> [WHAT TO DO] Your answer should hold each line of the material that contains the word "parts".

—————

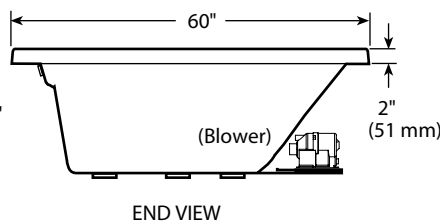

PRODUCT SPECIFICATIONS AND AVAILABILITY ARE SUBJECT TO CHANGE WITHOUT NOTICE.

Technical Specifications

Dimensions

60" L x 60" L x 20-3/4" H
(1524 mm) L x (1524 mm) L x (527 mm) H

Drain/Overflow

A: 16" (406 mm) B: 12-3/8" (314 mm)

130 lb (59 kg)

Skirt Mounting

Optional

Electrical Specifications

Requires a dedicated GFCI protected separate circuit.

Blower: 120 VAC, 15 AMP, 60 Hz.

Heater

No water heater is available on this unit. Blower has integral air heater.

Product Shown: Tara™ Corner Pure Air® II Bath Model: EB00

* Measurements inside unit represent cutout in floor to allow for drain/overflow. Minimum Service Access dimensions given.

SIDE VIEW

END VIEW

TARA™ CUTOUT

—————

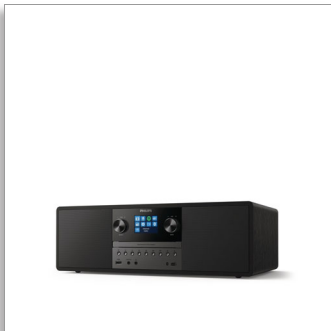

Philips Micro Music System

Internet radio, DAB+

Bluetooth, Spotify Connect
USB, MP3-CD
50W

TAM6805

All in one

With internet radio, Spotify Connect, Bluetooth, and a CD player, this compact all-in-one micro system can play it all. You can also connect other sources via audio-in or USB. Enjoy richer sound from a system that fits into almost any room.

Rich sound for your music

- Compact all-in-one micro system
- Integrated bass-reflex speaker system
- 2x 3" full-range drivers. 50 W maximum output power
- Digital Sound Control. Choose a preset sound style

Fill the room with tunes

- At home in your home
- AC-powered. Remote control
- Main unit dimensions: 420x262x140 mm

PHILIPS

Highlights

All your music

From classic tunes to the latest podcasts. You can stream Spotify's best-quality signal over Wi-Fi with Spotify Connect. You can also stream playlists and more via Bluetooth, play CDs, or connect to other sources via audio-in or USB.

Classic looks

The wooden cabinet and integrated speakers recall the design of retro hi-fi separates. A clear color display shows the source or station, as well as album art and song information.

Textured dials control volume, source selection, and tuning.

—————

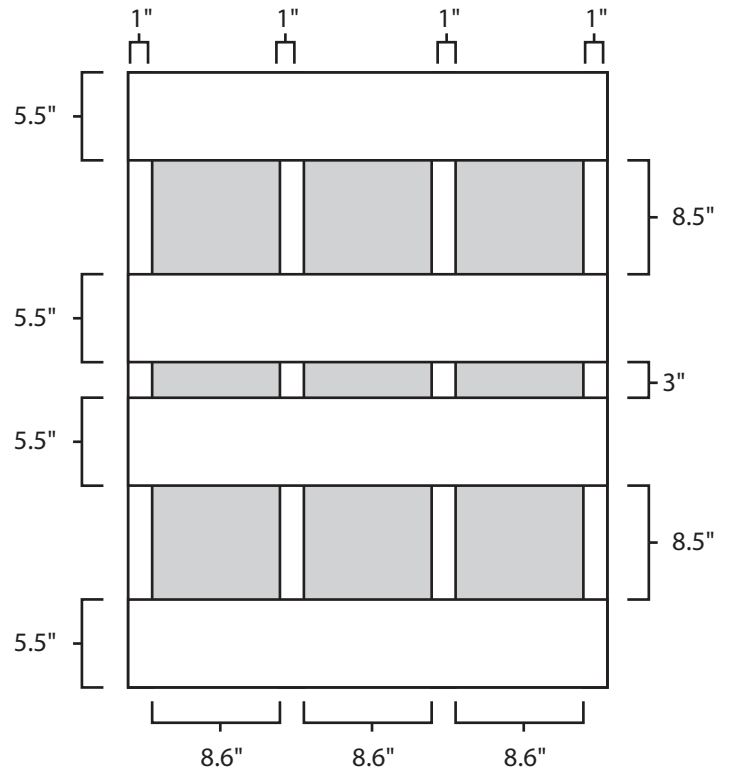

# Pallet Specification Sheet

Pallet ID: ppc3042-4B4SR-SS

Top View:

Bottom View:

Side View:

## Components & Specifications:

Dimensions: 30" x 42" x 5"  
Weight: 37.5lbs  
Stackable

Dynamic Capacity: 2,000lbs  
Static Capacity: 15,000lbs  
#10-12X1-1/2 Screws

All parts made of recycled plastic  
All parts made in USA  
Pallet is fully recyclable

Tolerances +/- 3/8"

—————

> [RESPONSE]
All parts made of recycled plastic  
All parts made in USA  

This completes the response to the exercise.